Exercise directions:
If a line of the data below holds the word "Serien", list it.

Data items
*** Begin section ***

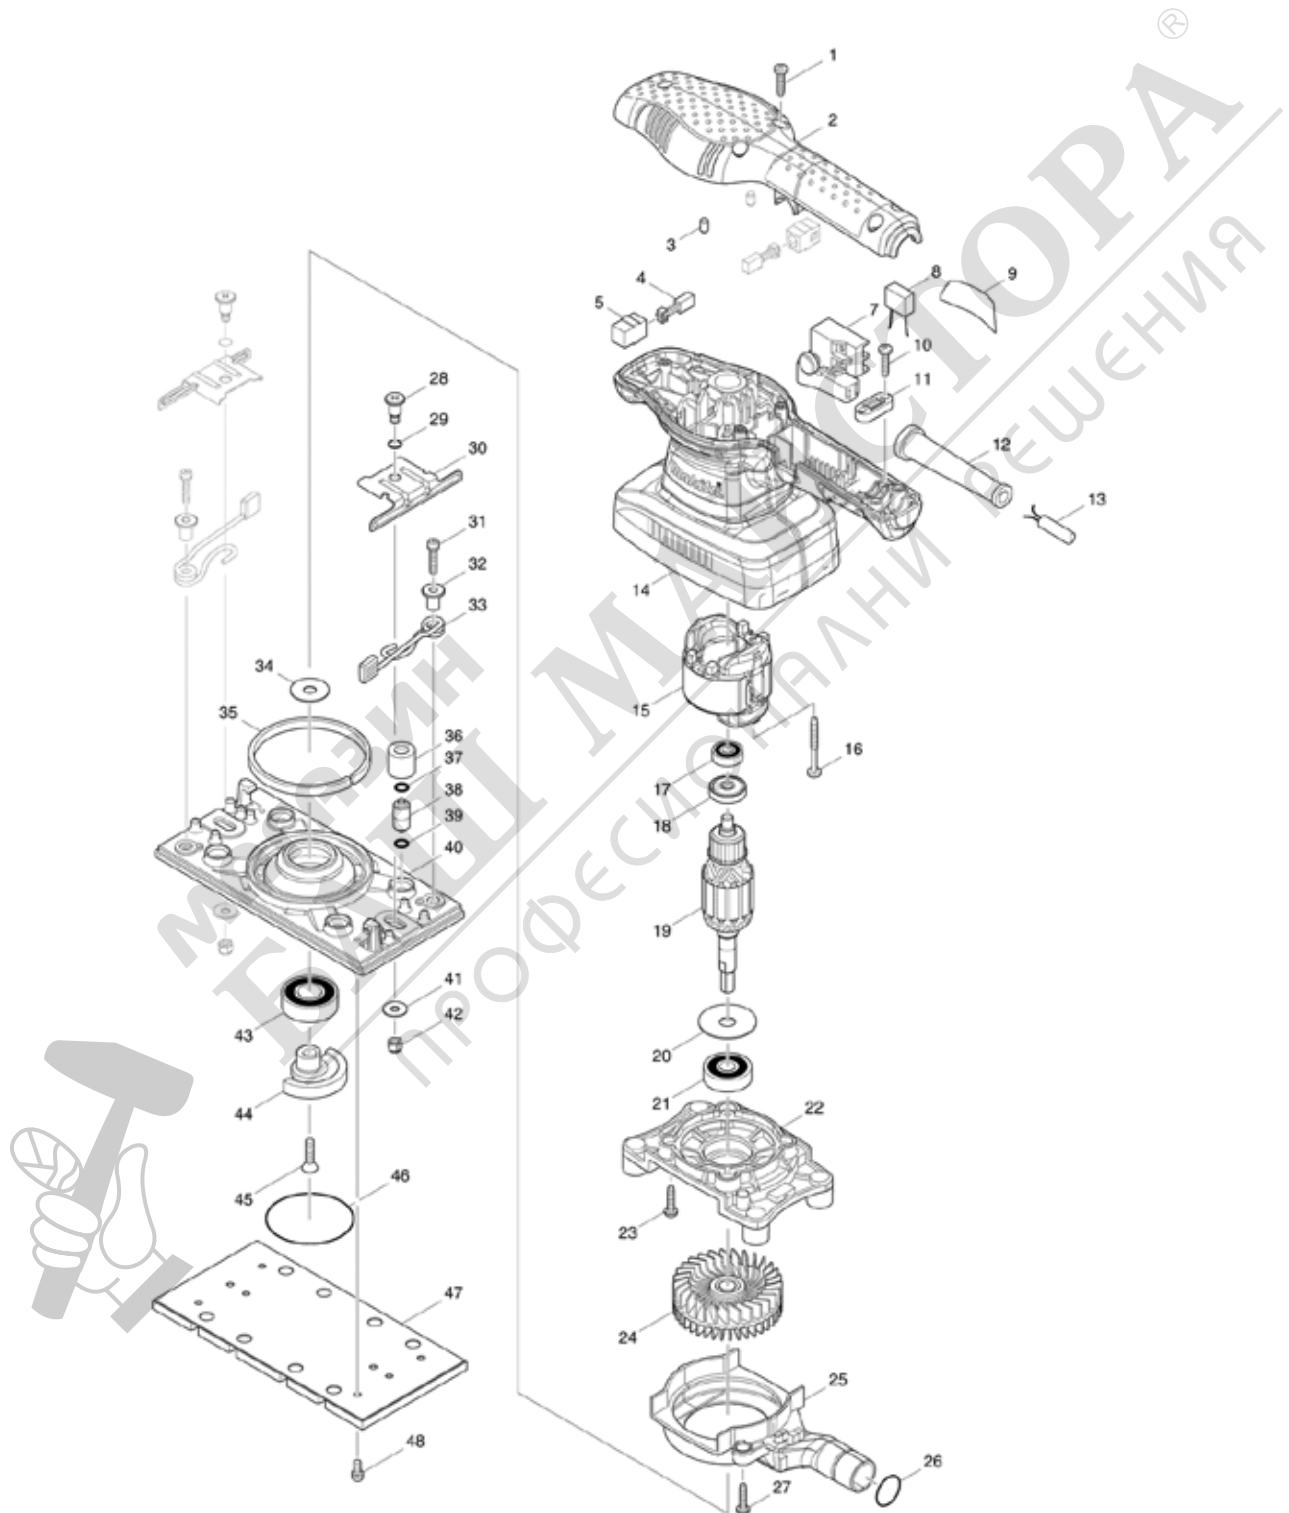

Makita Service Information / Model: B03710

Makita Werkzeug Ges.m.b.H.

Kolpingstrasse 13, 1230 Wien

Tel: 01 / 616 27 30 - 0*

Fax: 01 / 616 27 30 - 40

Mail: verkauf@makita.at

Web: www.makita.at

Makita Service Information / Model: BO3710

POS	Bestell-Nr.	Artikelbeschreibung	Stk.	Stk.Preis
1	265995-6	SELBSTSCHN.SCHRA 4x18 BO5030	5	N/A
2	451268-5	Deckel - oben BO3710	1	N/A
3	263002-9	GUMMISTIFT 4 FS2300-6300	2	N/A
4	191627-8	KOHLN CB-64 (=CB 56,57)	1	N/A
5	643552-4	KOHLNHALTER 5-8 f. CB64	2	N/A
7	651286-5	SCHALTER SGEL206C-5	1	N/A
8	645239-4	KONDENSATOR 4326-4329	1	N/A
9	866995-5	TYPENSCHILD BO3710	1	N/A
10	265995-6	SELBSTSCHN.SCHRA 4x18 BO5030	2	N/A
11	687124-5	KABELKLEMMPLATTE RP0900	1	N/A
12	682569-2	KABELSCHUTZ 8-85	1	N/A
13	665383-1	KABEL 1.0-2-2.0 HP1630/1631K	1	N/A
14	451270-8	MOTORGEHÄUSE BO3711	1	N/A
15	593703-8	FELD BO3710	1	N/A
16	266048-4	SELBSTSCHNEID. SCHRAUBE 4x40	2	N/A
17	210062-2	KUGELLAGER 607ZZ MT601/952/953	1	N/A
18	681652-2	ISOLIERSCHEIBE	1	N/A
19	515784-2	ANKER BO3710/3711	1	N/A
19		*** INC. 17,18,20,21		N/A
20	253180-3	SCHEIBE 10 6906/DP3003/HR401	1	N/A
21	211087-9	KUGELLAGER 6200DDW	1	N/A
22	451266-9	LAGERGEHÄUSE BO3710/11	1	N/A
23	265995-6	SELBSTSCHN.SCHRA 4x18 BO5030	4	N/A
24	240117-9	Lüfterrad BO3710/3711	1	N/A
25	451267-7	LUFTABLEITER BO3710/3711	1	N/A
26	213315-8	O-RING 19 BO3700	1	N/A
27	265995-6	SELBSTSCHN.SCHRA 4x18 BO5030	2	N/A
28	266511-7	SCHRAUBE M5 BO3710	2	N/A
29	213045-1	O-RING 6 AN711/911H	2	N/A
30	346102-1	PAPIERHALTER BO3710/3711	2	N/A
31	911136-9	SCHRAUBE 4X20 911136-9	2	N/A
32	310300-3	FEDERFÜHRUNG BO3710/3711	2	N/A
33	162279-2	HEBEL BO3710/3711	2	N/A
34	267353-2	SCHEIBE 8 HR2800	1	N/A
35	423389-3	SCHAUMGUMMI 6x230x3 BO3710	1	N/A
35.2	423469-5	SCHAUMGUMMI 6x230x3 BO3710	1	N/A
36	424056-3	Gummihülse 9 BO3700 neu	4	N/A
37	213983-7	O-RING 4 BO4555-Serien	4	N/A
38	318151-8	GRUNDPLATTEHALT. BO4555-Serien	4	N/A
39	213983-7	O-RING 4 BO4555-Serien	4	N/A

*** End section ***

Solution for this problem:
37	213983-7	O-RING 4 BO4555-Serien	4	N/A
38	318151-8	GRUNDPLATTEHALT. BO4555-Serien	4	N/A
39	213983-7	O-RING 4 BO4555-Serien	4	N/A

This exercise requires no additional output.